2. SDK events via adapter
import { buildStructuredEvents, EVENT_SCHEMA_VERSION } from "@refract-org/evidence-graph";
import { sectionDiffer, citationTracker, detectEditClusters } from "@refract-org/analyzers";
const events = buildStructuredEvents(revisions);
// Each event has schemaVersion, FactProvenance with version, parameters
3. FactProvenance for auditability
Every event's deterministicFacts[0].provenance includes:
{
"analyzer": "section-differ",
"version": "0.4.0",
"parameters": { "similarityThreshold": 0.8 }
}
When a consumer overrides a threshold, the effective value is in parameters.
4. Schema versioning
Every event carries schemaVersion matching EVENT_SCHEMA_VERSION. This prevents silent invalidation of historical observations when EventType gains new members.
5. Config version pinning
AnalyzerConfig.$version is pinned from the CLI version. Downstream systems can prove which configuration was used for a given run.

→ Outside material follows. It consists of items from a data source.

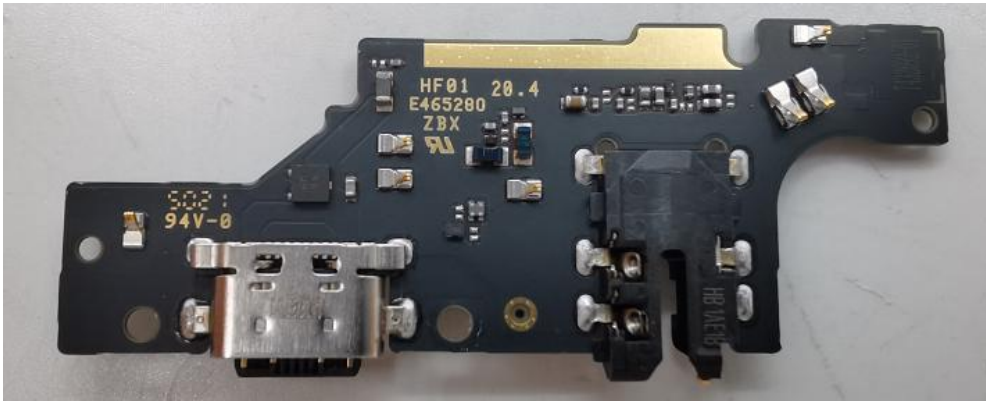

Internal Photos

FCC ID: SRQ-ZTE8045C

Internal Photos

Internal Photos

Internal Photos

Internal Photos

Internal Photos

Internal Photos

Internal Photos

refract analyze "Bitcoin" --similarity 0.85
# config.$version = "0.5.1"
# config.section.similarityThreshold = 0.85
6. ObservationReport for chain-of-custody
{
"pageTitle": "Bitcoin",
"observedAt": "2026-05-15T10:00:00Z",
"revisionRange": { "from": 100, "to": 200 },
"merkleRoot": "a1b2c3d4...",
"eventCount": 47,
"analyzerVersion": "0.5.1"
}
The Merkle root is from the replay manifest. A downstream system can verify events match the observation.
Baseline superiority validation
When validating an integrated signal, supply a Refract event summary to computeBaselineSuperiority(). The function adds Refract-derived baselines (revert count, citation flux, edit clusters) that the signal must outperform.

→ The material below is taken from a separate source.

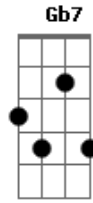

© ukulele-chords.com

const result = computeBaselineSuperiority({
integratedLeadTimeDays: signal.leadTimeDays,
mentionCount: snapshot.metrics.mentionCount,
revertCount: snapshot.metrics.revertCount,
refractEventSummary: { totalEvents: 47, revertCount: 12 },
});
Principle
Refract's event stream is purely mechanical. All interpretation happens downstream. Refract provides the deterministic record; the consumer provides the judgment.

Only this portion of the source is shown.